Core
Core objects for the FAST validation server. In normal operation, these expect to be running in an isolated remote environment, communicating asynchronously via "log" objects in an S3 directory bucket. They are not intended for local use. See the validation commands in upload.cli, or their Pythonic interfaces in validation, for local alternatives.
ValidationManager
ValidationManager(bucket: Bucket, index: FileIndex, label: Label, *, n_threads: int = 1)
Helper class for managing validation worker threads. Should typically only
be used by ValidationSession.
queue_validation
queue_validation(keys: Sequence[str]) -> None
Check whether a set of uploaded keys are valid targets for validation, and, if so, submit them to the thread pool for validation. Should typically only be called from ValidationSession._pipe_loop_inner() in response to a client message that it has successfully uploaded more files.
update_validation_results
update_validation_results() -> dict[str, Any]
Check our validation tasks to see if any have completed. Return a dict like {object_key: validation_result} for each completed task. Also remove any completed tasks from self.futures.
ValidationSession
ValidationSession(vstate: ValidationState, manager: ValidationManager, logger: S3TSVWriter, settings: ValPipeSettings, identifiers: ValIdent, index: FileIndex, label: Label)
Top-level handler object for the validation pipeline.
Caution
ValidationSession.from_launch_parameters() should typically be preferred to ValidationSession.init(). Call __init___() directly only if you have a special reason to manually construct one or more of the support objects it accepts as arguments.
agent_id
instance-attribute
agent_id: str
randomly-generated identifier for this particular session
az_id
instance-attribute
az_id: str
AWS Availability Zone ID of our control bucket (and ideally also whatever we're running on)
cb_name
instance-attribute
cb_name: str
name of associated control bucket
crashed
property
crashed: bool
Does the pipeline appear to have encountered an unhandled exception?
dataset
instance-attribute
dataset: str
name of dataset
delivery_id
instance-attribute
delivery_id: str
id of specific delivery
keepalive_threshold
instance-attribute
keepalive_threshold: float
After how many seconds without writing any sort of message (keepalive or otherwise) should we write a keepalive message to our log?
last_lock_timestamp
class-attribute
instance-attribute
last_lock_timestamp: float | None = None
When was the last time we wrote a lock (if at all)?
lock_staleness_threshold
class-attribute
instance-attribute
lock_staleness_threshold: int = 3600
Default staleness threshold for locks (can be overridden by a value in fetched netconf_params).
loop_rate
instance-attribute
loop_rate: float
How many seconds should we wait between iterations of the main loop (including polling validation threads and the client log?)
missing_timeout
instance-attribute
missing_timeout: float
how many seconds can elapse between messages from the client before we start getting suspicious?
n_val_threads
instance-attribute
n_val_threads: int
How many threads can we spawn at once for file validations?
running
property
running: bool
Have we actually launched the pipeline, and is it still going?
tb_name
instance-attribute
tb_name: str
name of associated transfer bucket
transfer_timeout
instance-attribute
transfer_timeout: float
how many seconds can elapse between messages from the client before we decide they've stopped without telling us?
transfer_type
instance-attribute
transfer_type: TransferType
is this a staging or sample transfer?
acquire_lock
acquire_lock(*, refresh: bool = False, category: str = 'init') -> tuple[bool | dict, Exception | None]

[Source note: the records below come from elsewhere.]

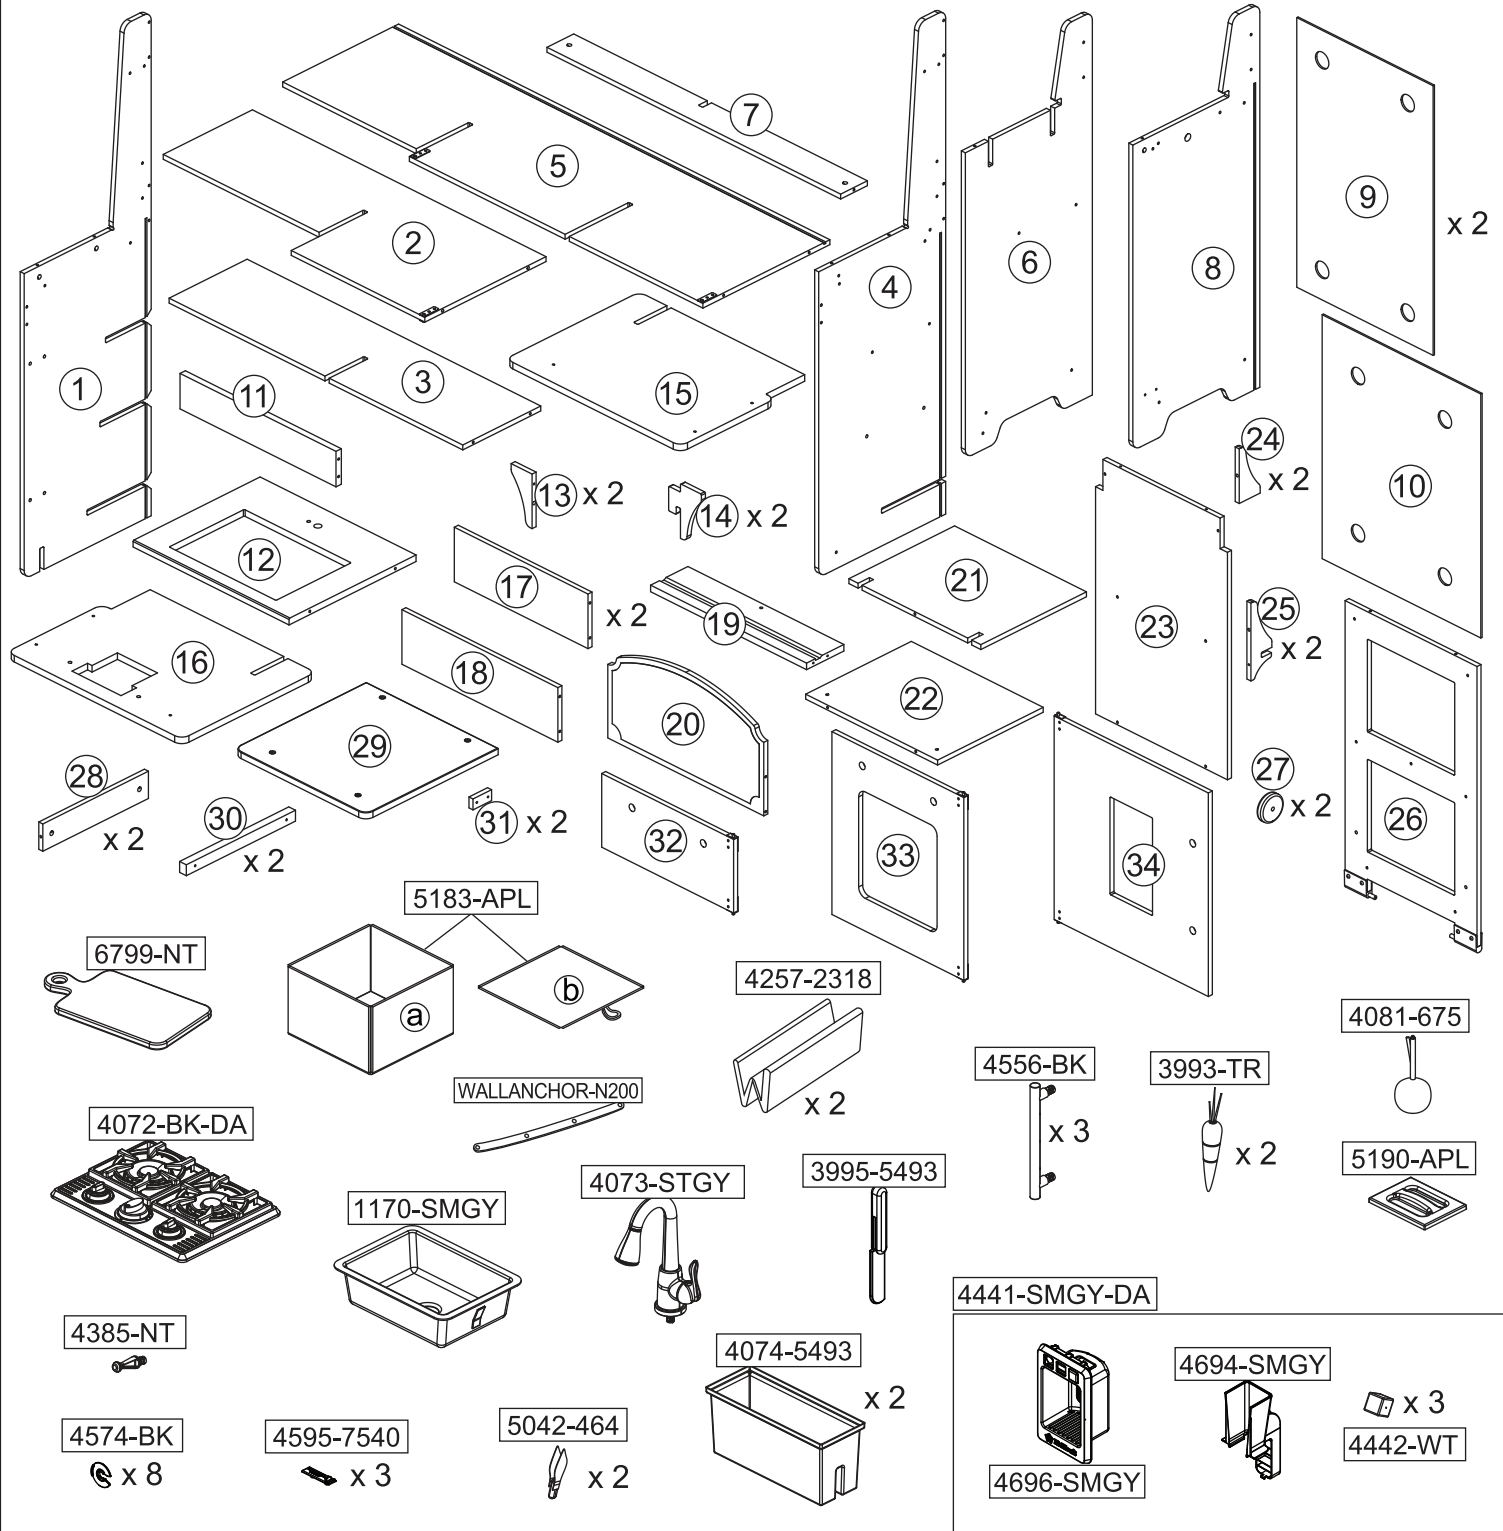

Item Number
Numéro d'article
Número del artículo
Artikelnummern
Numero dell'articolo

53442A

Parts and Hardware
Pièces et matériel
Partes y Piezas Para Instalación
Teile und Befestigungsmaterial
Parti e componenti meccanici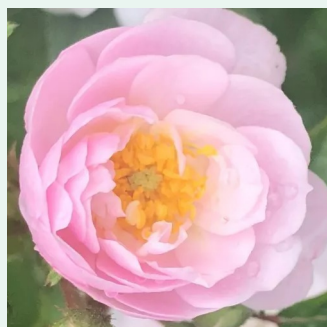

Rosa Little Rambler

svijetlo ružičasta - climber, penjačica
150-245 cm
ruža intenzivnog mirisa - aroma čaja - aroma čaja
Christopher H. Warner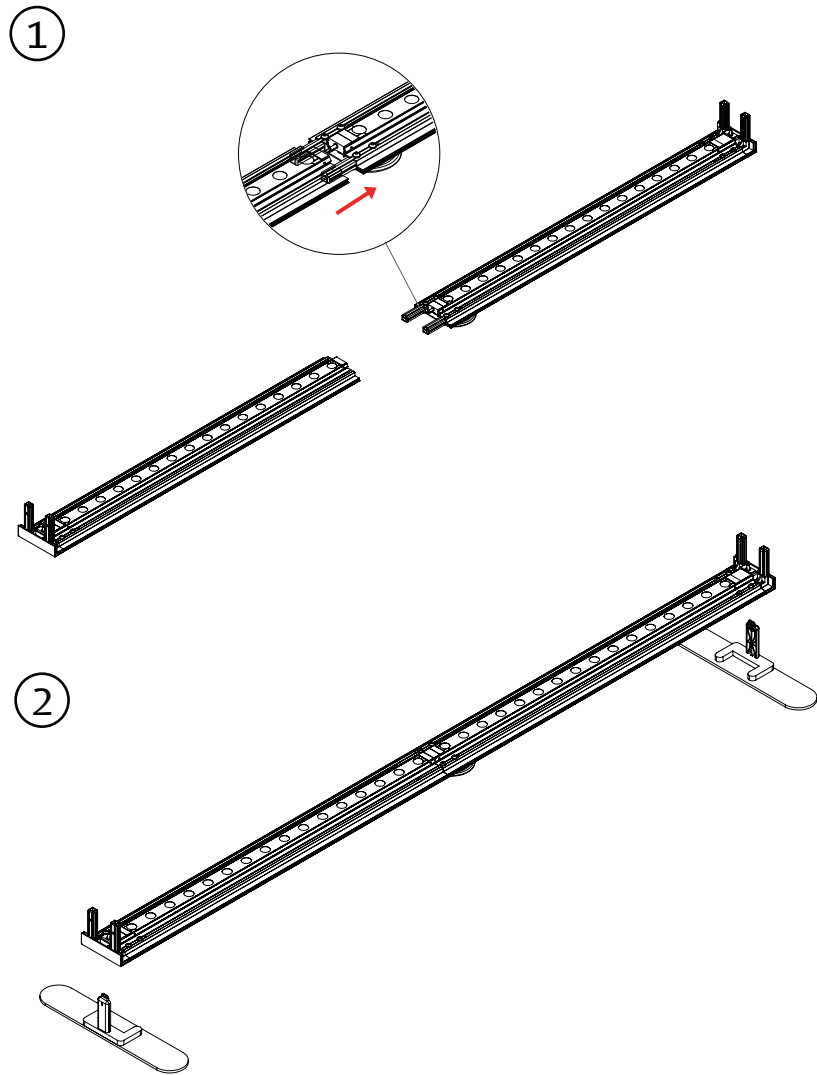

SEG LIGHTBOX W1000mm

编号 Item	EM-18F			
尺寸 Frame size(mm)	1000x2000	2000x2000	3000x2000	6000x2000
画面 Graphic Size(mm)	1060x2060	2060x2060	3060x2060	6060x2060
电源参数 Power parameters	24V150W(North America) 24V200W( Europe)	24V150W(North America) 24V200W( Europe)*2	24V150W(North America) 24V200W( Europe)*2	24V150W(North America) 24V200W( Europe)*4

SEG LIGHTBOX W2000mm

5

6

7

8

9

10

11

Attempt to acquire the lock object in order to make sure another instance of the pipeline isn't running for this dataset and delivery. If refresh is True, write the lock file even if already held.
Returns:
-
result(bool | dict) –True if successful, dict giving reason for failure if not, formatted for logging
-
exception(Exception | None) –None if successful, encountered exception if not
from_launch_parameters
classmethod
from_launch_parameters(dataset: str, delivery_id: str, transfer_type: TransferType, settings: ValPipeSettings = MPt(conf.VAL_PIPE_SETTINGS), cb_name: str | None = None, tb_name: str | None = None) -> ValidationSession
Constructor for ValidationSession. Accepts simple string arguments that, in normal system operation, will be known to and can easily be remotely passed by the pipeline launch script. Also performs some basic validation of system state (e.g. label match between accepted and user-submitted labels).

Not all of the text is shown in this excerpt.